Вопросы для размышления по ходу теневой работы
1. Поскольку все мы стремимся обладать достоинствами или, по меньшей мере, стремимся считать себя достойными людьми, какие ваши черты воспринимаются вами как достоинства? Что в вашем представлении будет противоположностью этих достоинств? Можете ли вы предположить, что они могут скрываться в вашем бессознательном? Можете ли вы указать на некое место в вашем настоящем или в вашей личной истории, где эти противоположности в действительности могли проявиться в вашей жизни? Допустим, некто стремится быть честным. Это достоинство – никто не станет спорить. Но возможна ли ситуация, когда наша честность способна повредить другому человеку? И может ли быть в нашей психике такое место, где скрывается нечестность, даже лживость? Или момент в жизни, когда обман, брошенный на чашу весов, решал исход дела в нашу пользу? Бесспорно, такой момент был, если мы хотя бы сейчас честно признаемся себе в этом.

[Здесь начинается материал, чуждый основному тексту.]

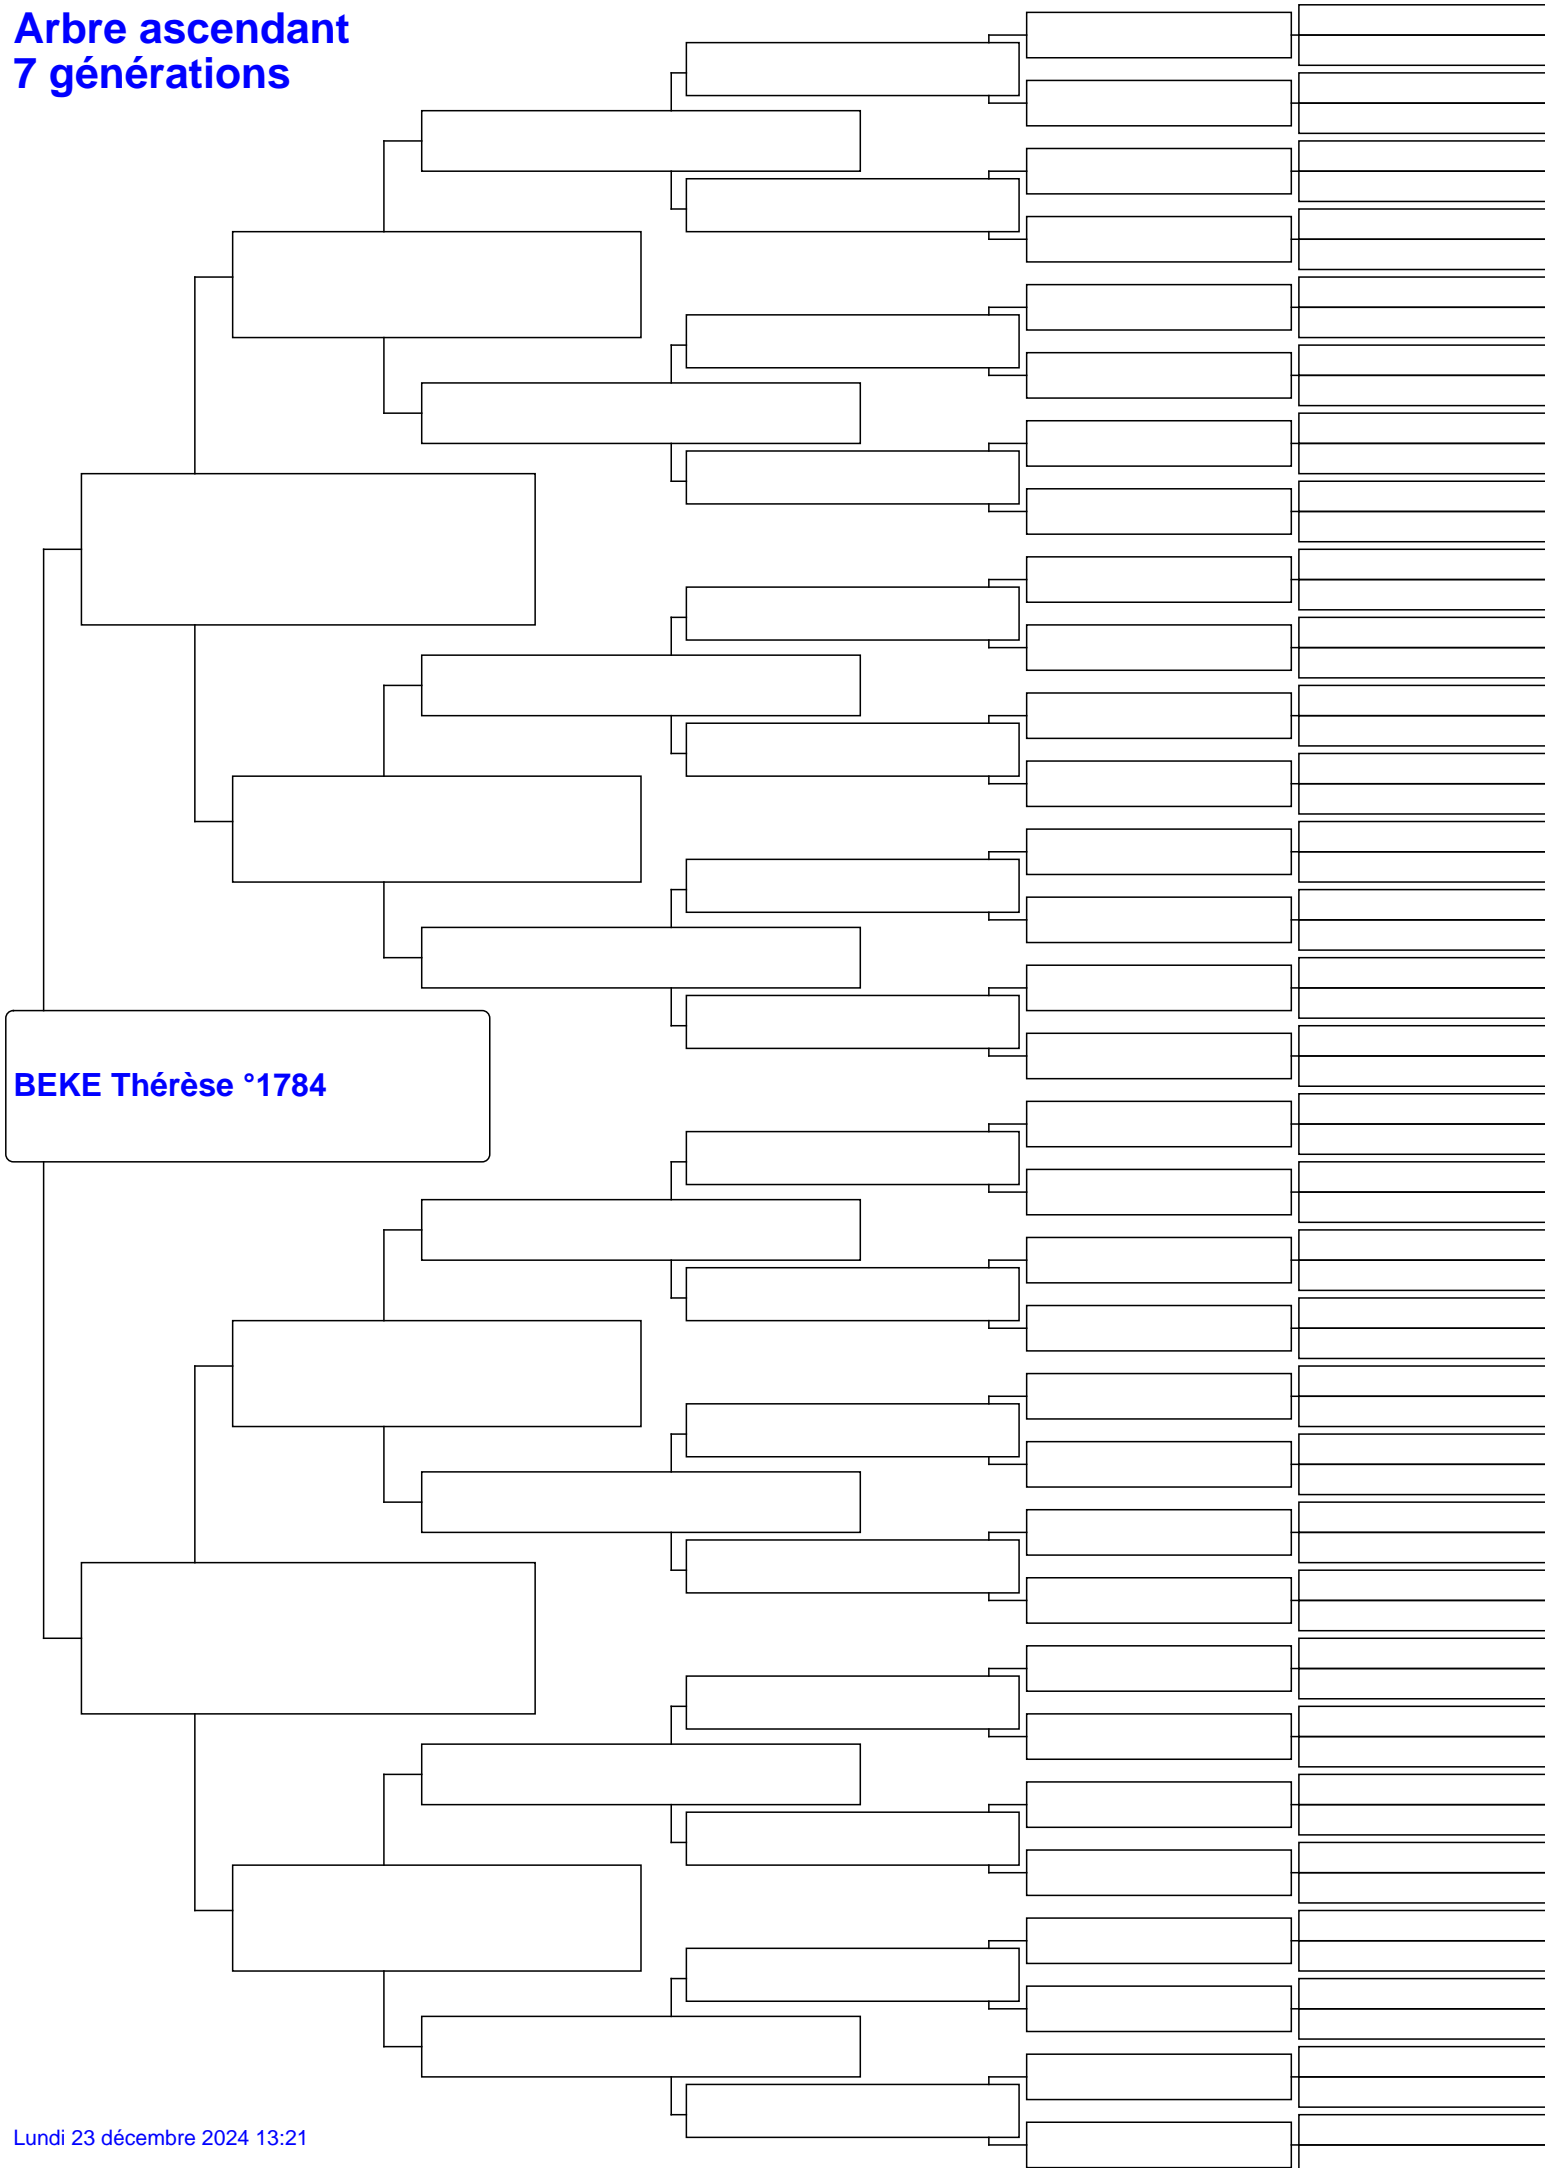

# Arbre ascendant 7 générations

**BEKE Thérèse °1784**
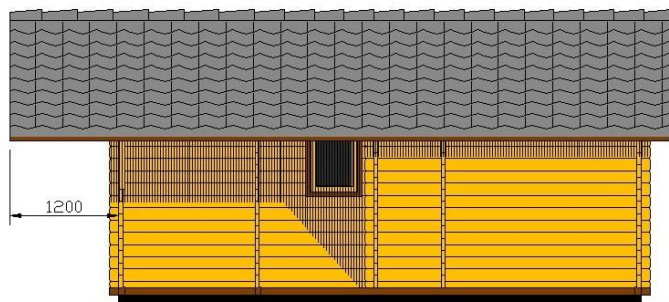

betonvloer	: niet in de prijs opgenomen, kan terplaatse gestort worden. (prijs op aanvraag)
wanden	: onder een hardhouten profiel voor aansluiting op een betonvloer, daarbovenop 50 mm. vuren stapelbouwdelen met dubbele groef- en messing.
kozijnen	: vuren gelamineerd.
ramen	: vuren gelamineerd, voorzien van isolatieglas.
deuren	: vuren gelamineerd, voorzien van isolatieglas en cilinderslot.
dak	: vuren gordingen, vuren groef-en messing dakdelen, 50 mm. PIR- isolatieplaten, bitumen shingles dakbedekking kleur zwart / rood / groen.
interieur	: 4 lossebedden, excl. tafel, stoelen en keukenblokje.

KLEIJN
HOUTBOUW
Wij leveren maatwerk

Kleijn Houtbouw
Parallelweg 5
2861 EC Bergambacht
tel. 06 - 53243426
www.kleijn.nl

specialist in hout stapelbouw

bergingen - tuinkantoren - vakantiehuisen - trekkershutten - woonhuizen
clubgebouwen - overkappingen - vlonders - steigers - schuttingen - zwembaden

Trekkershut Comfort 29 m² (CampingCottage)

voorgevel

rechterzijgevel

doorsnede

linkerzijgevel

KLEIJN
HOUTBOUW
Wij leveren maatwerk

Kleijn Houtbouw
Parallelweg 5
2861 EC Bergambacht
tel. 06 - 53243426
www.kleijn.nl

Допустим, некто неизменно заботлив и внимателен к другим. Не скрываются ли в таком случае проигнорированные потребности в подполье? Не проявляются ли эти зачастую рефлексивно игнорируемые потребности во вспышках гнева, в депрессии или в несознаваемой нарциссической манипуляции? Если я столь добр и внимателен, смогу ли я хотя бы узнать эти симптомы вытесненного гнева, как они есть? Учитывая, до какой степени можно самоотождествиться с заботой о других людях, есть ли цена, которую приходится платить за игнорирование своей собственной программы? Если профессиональные сиделки и воспитатели столь преданы своей благой работе, перекладывая на свои плечи чужую боль, почему же тогда они сами так часто страдают от депрессии, злоупотребления алкоголем или наркотиками, от хронических болей в пояснице или плечах? Почему их собственная Тень предстает в облике неумолимого внутреннего тирана, который не дает ни минуты передышки, вечно требуя заботиться о ком-то еще?

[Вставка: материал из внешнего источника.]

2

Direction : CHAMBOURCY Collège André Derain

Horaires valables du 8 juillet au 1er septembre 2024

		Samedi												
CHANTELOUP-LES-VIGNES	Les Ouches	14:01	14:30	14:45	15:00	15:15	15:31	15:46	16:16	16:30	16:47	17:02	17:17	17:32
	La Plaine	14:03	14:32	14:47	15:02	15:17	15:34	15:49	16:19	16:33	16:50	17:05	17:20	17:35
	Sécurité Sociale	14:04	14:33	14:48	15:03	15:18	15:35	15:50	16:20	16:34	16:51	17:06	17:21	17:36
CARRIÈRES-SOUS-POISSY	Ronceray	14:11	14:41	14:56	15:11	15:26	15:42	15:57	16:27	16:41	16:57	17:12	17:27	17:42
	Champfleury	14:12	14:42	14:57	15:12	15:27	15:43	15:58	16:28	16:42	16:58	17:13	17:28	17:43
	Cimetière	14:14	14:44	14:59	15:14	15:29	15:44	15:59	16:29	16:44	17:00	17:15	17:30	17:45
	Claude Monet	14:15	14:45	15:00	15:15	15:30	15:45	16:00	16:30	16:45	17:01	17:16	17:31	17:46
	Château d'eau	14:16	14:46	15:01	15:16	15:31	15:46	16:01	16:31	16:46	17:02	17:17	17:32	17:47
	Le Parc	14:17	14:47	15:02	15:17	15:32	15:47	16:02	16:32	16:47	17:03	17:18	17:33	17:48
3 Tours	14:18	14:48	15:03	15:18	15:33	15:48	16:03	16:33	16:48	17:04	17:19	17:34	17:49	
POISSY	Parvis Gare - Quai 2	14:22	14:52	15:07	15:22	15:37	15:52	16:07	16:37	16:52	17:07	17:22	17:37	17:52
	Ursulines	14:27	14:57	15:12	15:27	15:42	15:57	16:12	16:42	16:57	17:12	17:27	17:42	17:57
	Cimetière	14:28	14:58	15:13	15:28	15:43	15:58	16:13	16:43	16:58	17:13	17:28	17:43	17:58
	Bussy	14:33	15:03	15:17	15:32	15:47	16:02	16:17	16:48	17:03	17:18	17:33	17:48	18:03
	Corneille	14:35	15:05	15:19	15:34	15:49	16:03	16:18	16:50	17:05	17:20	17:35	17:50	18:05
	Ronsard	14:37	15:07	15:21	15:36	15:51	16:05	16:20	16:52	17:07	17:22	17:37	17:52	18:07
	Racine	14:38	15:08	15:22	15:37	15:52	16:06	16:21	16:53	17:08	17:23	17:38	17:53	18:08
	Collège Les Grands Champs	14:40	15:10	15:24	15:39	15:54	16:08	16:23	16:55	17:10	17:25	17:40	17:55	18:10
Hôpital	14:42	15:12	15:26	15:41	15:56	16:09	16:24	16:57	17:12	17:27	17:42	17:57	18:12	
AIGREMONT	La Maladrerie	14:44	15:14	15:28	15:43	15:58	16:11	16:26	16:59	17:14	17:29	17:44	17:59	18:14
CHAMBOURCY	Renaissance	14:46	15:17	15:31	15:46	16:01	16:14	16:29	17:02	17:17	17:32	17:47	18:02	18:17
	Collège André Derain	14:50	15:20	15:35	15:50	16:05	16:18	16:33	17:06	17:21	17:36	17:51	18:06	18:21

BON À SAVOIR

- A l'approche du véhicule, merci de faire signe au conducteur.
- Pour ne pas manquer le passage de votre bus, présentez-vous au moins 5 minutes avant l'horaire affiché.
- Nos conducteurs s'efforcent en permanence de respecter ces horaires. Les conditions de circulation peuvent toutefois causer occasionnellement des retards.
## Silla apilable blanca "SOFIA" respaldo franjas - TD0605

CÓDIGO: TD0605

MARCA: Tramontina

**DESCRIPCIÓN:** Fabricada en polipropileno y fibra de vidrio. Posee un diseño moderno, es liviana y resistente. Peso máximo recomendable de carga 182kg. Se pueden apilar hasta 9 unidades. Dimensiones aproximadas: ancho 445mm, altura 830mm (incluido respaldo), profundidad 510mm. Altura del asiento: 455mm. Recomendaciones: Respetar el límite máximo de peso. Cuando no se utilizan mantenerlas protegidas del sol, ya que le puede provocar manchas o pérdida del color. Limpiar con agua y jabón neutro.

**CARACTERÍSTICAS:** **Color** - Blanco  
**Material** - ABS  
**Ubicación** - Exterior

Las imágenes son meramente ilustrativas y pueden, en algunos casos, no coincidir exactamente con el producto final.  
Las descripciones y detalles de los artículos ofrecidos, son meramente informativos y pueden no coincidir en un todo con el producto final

Джоанна была третьим ребенком в проблемной семье. Еще в раннем детстве она уяснила, что дочь номер один – золотой ребенок, надежда родителей на то, что их собственная жизнь не прошла зря. Ребенку номер два – бунтарю, паршивой овце – следовало отвоевывать для себя место под солнцем подальше от территории, целиком и полностью отведенной для старшей сестры. Джоанне была же уготовлена роль прислужницы, буфера, посредника и парламентера при постоянно вздоривших родителях. Став взрослой, она «сделала свой выбор» в пользу профессии психотерапевта-консультанта в вопросах семьи и брака. Теперь все ее дни были отданы служению людям. Примиряя конфликтующие стороны, улаживая чужие противоположные интересы, Джоанна день ото дня возвращалась к месту своей архаической раны и страдала оттого, что собственным потребностям никак не находилось места в ее жизни. Куда же в таком случае можно было выплеснуться аффективному избытку ее безадресных потребностей? С течением времени Джоанна обзавелась хронической депрессией, неконтролируемыми приступами гнева и целым букетом соматических расстройств. То единственное, что всегда оставалось для нее под запретом – право усомниться в «достоинстве» пожиравших ее достоинств, – так и не дало ей возможности перевести дыхание. Окружив заботой столь многих, она отреклась от себя, накрыв тем самым обширной индивидуальной Тенью поле бесспорно светлых трудов.